> **Assignment**
In the data that follows, every line containing the word "máximo" should be returned.

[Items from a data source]
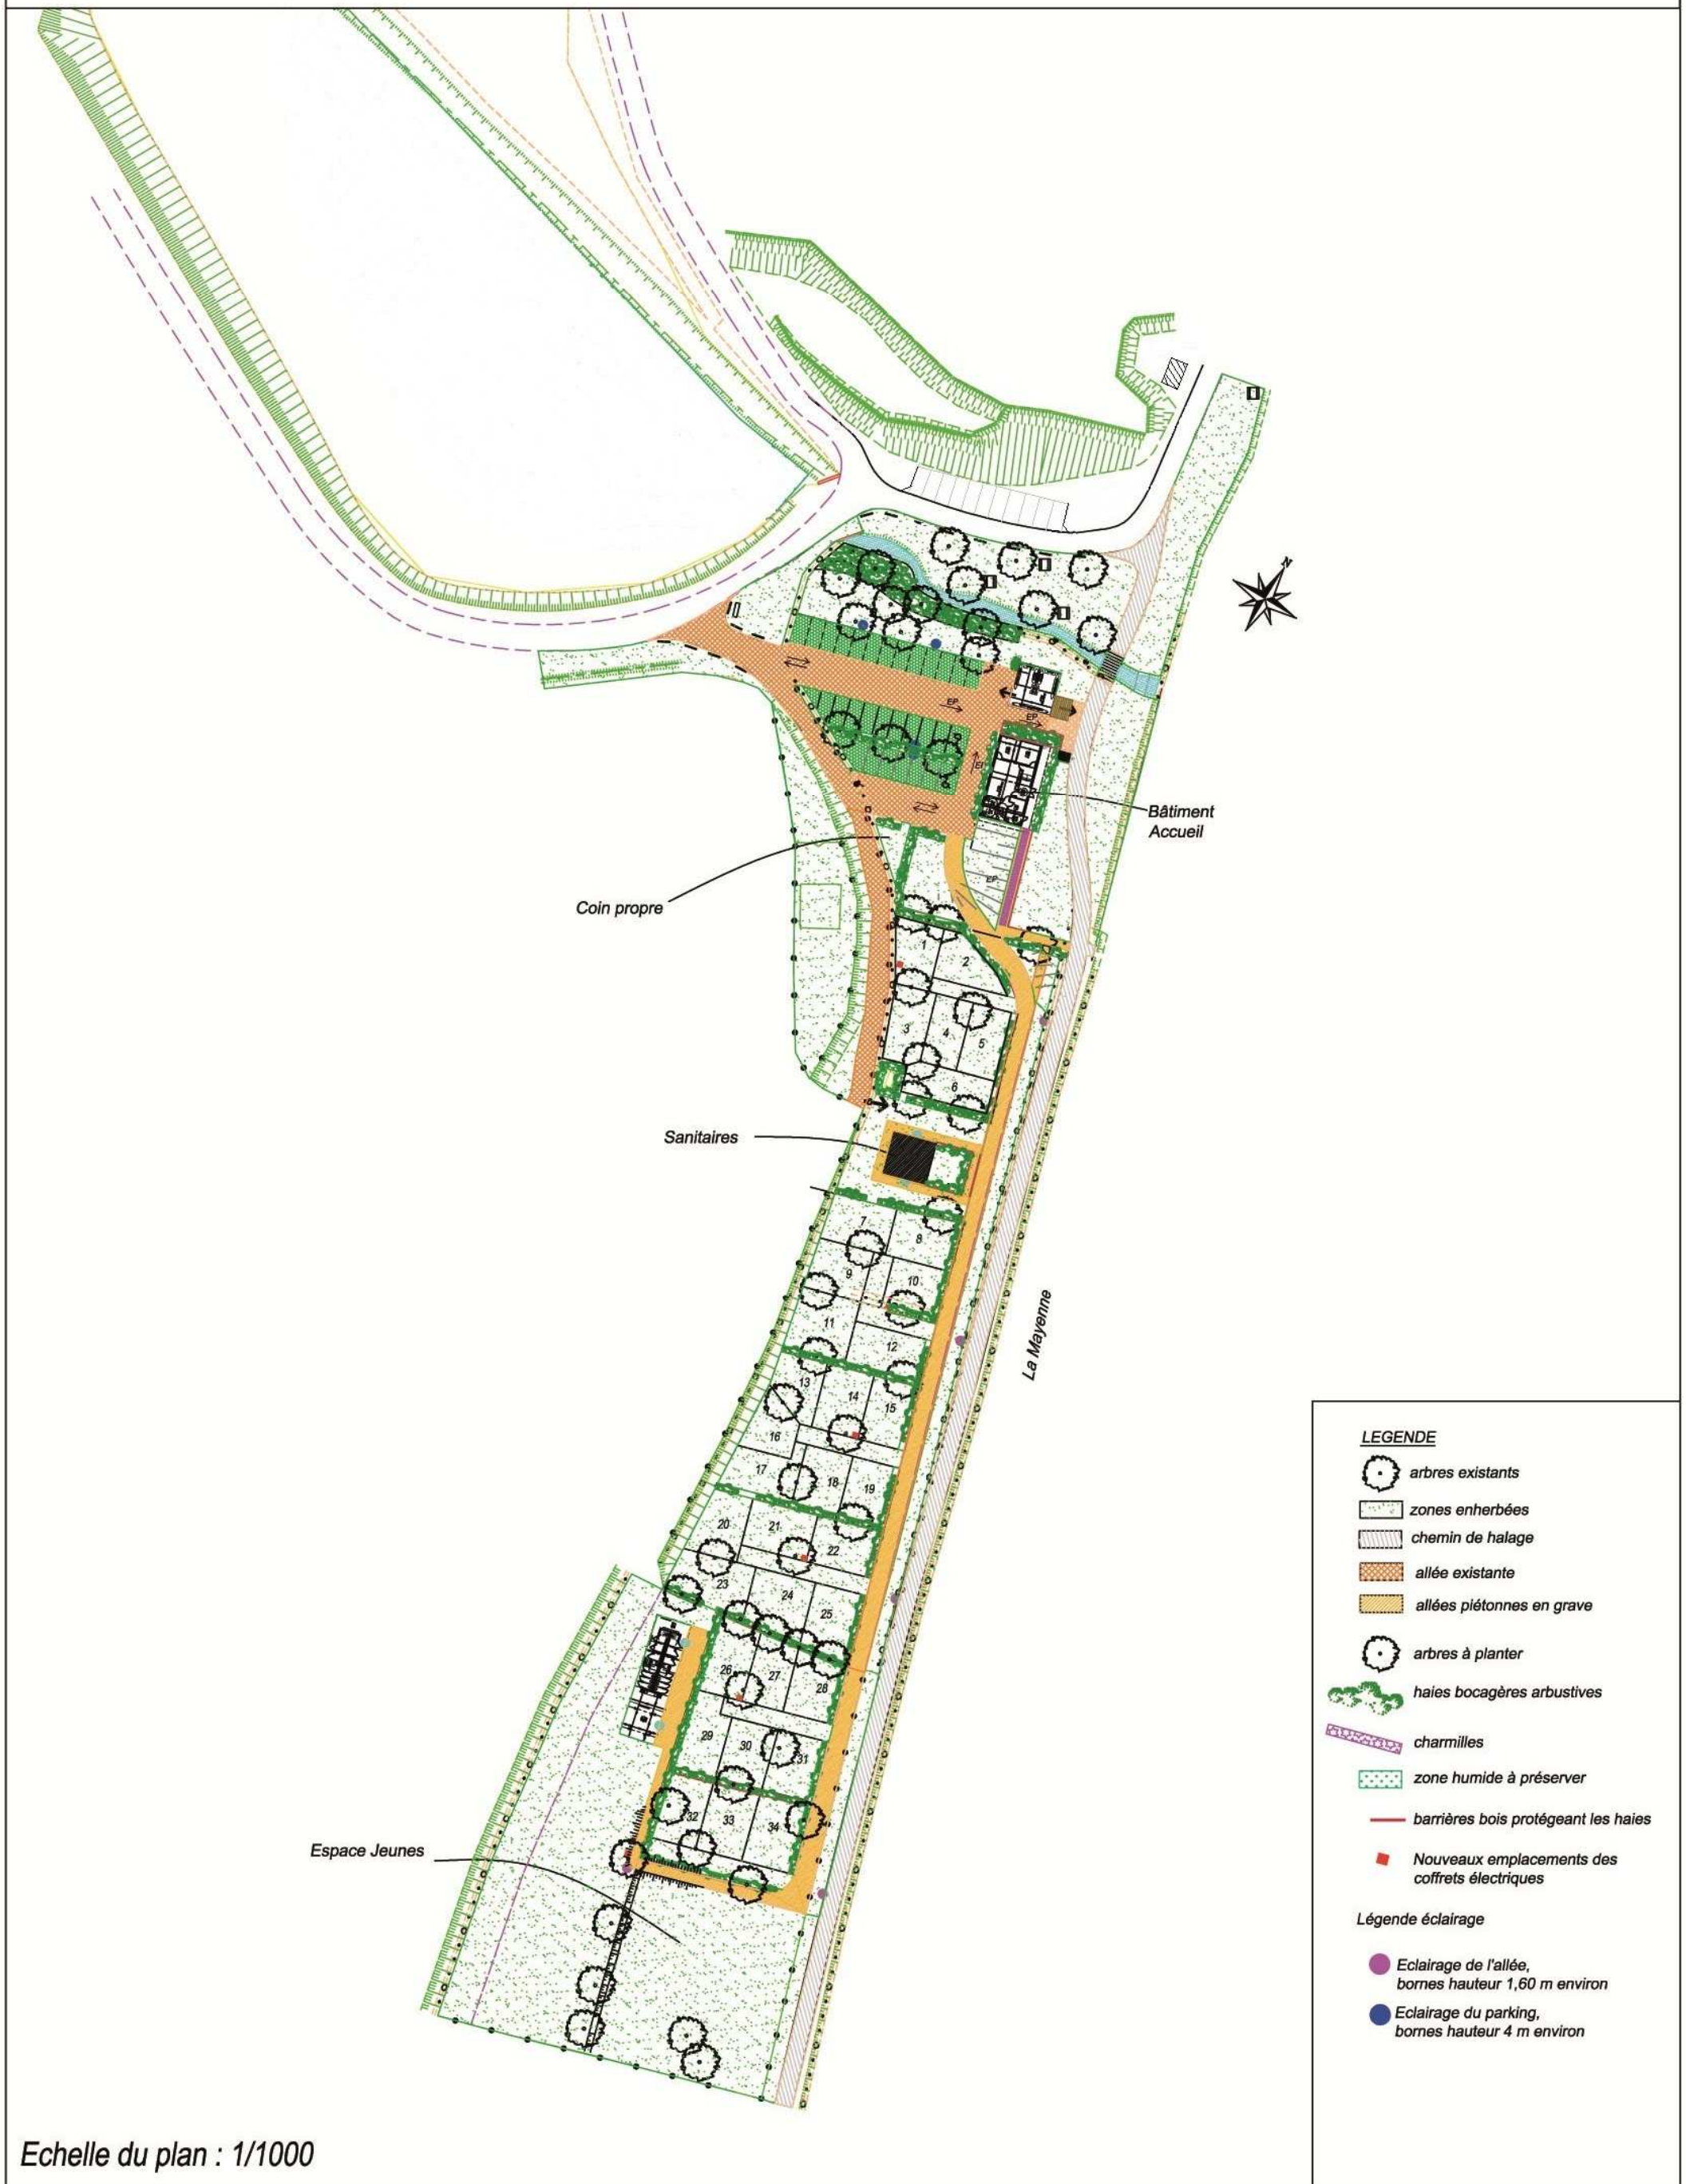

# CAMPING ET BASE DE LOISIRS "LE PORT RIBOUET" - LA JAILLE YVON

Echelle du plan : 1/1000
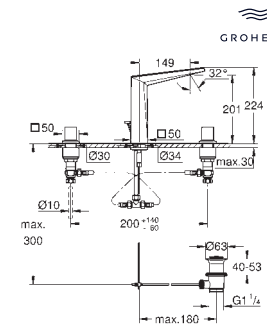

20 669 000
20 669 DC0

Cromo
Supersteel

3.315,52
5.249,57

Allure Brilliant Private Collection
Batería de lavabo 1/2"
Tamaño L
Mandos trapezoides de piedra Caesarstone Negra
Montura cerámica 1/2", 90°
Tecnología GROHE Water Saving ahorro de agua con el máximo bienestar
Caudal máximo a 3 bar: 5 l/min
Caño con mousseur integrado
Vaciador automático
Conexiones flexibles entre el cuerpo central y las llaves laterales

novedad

> **Your response**
Tecnología GROHE Water Saving ahorro de agua con el máximo bienestar
Caudal máximo a 3 bar: 5 l/min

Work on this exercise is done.